▶ Dataset records:
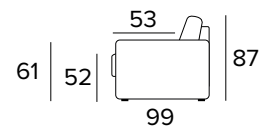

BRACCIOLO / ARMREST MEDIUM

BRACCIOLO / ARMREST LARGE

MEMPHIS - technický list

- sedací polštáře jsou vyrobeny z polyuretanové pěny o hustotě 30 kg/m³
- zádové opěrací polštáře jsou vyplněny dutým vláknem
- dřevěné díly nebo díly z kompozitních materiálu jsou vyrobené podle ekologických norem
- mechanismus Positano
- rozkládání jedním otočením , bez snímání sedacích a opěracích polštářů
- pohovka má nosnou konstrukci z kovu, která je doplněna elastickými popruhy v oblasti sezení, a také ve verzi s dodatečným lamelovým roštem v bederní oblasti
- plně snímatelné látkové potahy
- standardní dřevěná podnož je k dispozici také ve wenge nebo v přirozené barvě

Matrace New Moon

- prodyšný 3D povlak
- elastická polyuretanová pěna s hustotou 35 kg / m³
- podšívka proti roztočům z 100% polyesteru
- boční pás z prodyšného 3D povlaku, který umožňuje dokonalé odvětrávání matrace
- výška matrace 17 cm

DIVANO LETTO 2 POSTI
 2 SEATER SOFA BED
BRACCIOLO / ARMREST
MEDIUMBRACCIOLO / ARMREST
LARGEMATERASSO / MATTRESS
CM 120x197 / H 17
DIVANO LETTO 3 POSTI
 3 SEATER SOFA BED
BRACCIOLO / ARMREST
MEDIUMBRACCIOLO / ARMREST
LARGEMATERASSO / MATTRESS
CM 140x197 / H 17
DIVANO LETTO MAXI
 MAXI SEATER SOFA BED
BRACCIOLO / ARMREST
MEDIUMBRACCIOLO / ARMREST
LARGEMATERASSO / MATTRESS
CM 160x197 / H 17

...

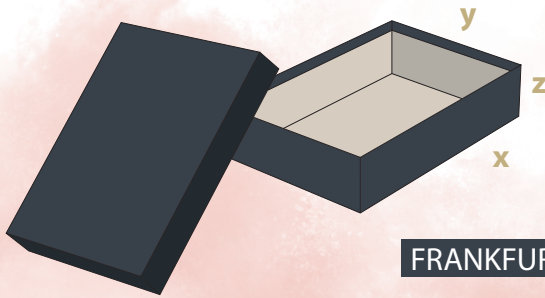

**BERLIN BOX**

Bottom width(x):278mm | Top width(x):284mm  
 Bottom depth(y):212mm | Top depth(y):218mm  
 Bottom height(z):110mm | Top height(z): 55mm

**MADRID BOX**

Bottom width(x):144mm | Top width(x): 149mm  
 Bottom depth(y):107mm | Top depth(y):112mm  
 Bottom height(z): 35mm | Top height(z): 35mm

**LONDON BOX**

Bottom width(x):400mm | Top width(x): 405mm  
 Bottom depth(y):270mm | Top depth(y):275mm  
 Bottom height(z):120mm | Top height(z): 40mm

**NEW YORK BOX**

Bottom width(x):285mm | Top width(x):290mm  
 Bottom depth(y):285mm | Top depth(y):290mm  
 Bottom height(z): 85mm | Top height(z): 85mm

▶ Task directions: Every line in the listing that holds "Bottom" belongs in the answer.

▶ Problem solution:
Bottom width(x):278mm | Top width(x):284mm  
 Bottom depth(y):212mm | Top depth(y):218mm  
 Bottom height(z):110mm | Top height(z): 55mm
Bottom width(x):144mm | Top width(x): 149mm  
 Bottom depth(y):107mm | Top depth(y):112mm  
 Bottom height(z): 35mm | Top height(z): 35mm
Bottom width(x):400mm | Top width(x): 405mm  
 Bottom depth(y):270mm | Top depth(y):275mm  
 Bottom height(z):120mm | Top height(z): 40mm
Bottom width(x):285mm | Top width(x):290mm  
 Bottom depth(y):285mm | Top depth(y):290mm  
 Bottom height(z): 85mm | Top height(z): 85mm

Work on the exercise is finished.